> To do: Print exactly the lines below between the line holding "注1 納期は受注後約1週間" and the line holding "SIAAマークはISO221", inclusive, and nothing more.

(Available data begins)

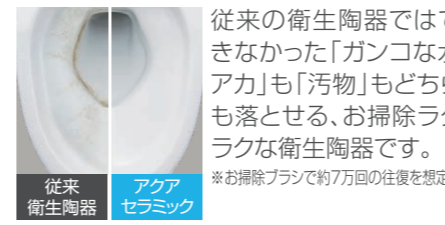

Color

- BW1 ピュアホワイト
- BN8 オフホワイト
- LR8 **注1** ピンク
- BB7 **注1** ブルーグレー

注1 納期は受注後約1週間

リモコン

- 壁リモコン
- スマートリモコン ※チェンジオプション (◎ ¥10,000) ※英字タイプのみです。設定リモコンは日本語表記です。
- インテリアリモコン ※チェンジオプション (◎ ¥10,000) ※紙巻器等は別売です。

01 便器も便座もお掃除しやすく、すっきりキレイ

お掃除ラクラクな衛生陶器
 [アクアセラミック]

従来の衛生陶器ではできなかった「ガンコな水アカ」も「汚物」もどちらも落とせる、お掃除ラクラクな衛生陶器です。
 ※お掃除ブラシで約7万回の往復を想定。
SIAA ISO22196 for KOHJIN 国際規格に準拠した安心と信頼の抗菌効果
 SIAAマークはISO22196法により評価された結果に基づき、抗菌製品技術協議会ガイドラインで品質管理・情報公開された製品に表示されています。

(Available data ends)
(Available data begins)

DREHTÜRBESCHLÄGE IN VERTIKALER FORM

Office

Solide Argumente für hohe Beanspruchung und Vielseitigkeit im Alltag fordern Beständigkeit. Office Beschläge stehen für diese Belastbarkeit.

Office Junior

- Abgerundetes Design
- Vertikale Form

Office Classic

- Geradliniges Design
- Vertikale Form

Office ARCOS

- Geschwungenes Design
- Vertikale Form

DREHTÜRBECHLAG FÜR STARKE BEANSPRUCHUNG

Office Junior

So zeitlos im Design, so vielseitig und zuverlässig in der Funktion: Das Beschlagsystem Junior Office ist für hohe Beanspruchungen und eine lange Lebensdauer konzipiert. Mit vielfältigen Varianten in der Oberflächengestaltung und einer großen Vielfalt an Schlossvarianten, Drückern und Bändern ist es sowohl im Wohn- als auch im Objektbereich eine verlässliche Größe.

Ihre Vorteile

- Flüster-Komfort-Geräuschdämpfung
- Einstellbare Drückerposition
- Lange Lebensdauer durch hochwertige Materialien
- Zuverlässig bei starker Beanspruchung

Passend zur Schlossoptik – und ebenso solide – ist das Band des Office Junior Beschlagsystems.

(Available data ends)

> Exercise answer:
注1 納期は受注後約1週間

リモコン

- 壁リモコン
- スマートリモコン ※チェンジオプション (◎ ¥10,000) ※英字タイプのみです。設定リモコンは日本語表記です。
- インテリアリモコン ※チェンジオプション (◎ ¥10,000) ※紙巻器等は別売です。

01 便器も便座もお掃除しやすく、すっきりキレイ

お掃除ラクラクな衛生陶器
 [アクアセラミック]

従来の衛生陶器ではできなかった「ガンコな水アカ」も「汚物」もどちらも落とせる、お掃除ラクラクな衛生陶器です。
 ※お掃除ブラシで約7万回の往復を想定。
SIAA ISO22196 for KOHJIN 国際規格に準拠した安心と信頼の抗菌効果
 SIAAマークはISO22196法により評価された結果に基づき、抗菌製品技術協議会ガイドラインで品質管理・情報公開された製品に表示されています。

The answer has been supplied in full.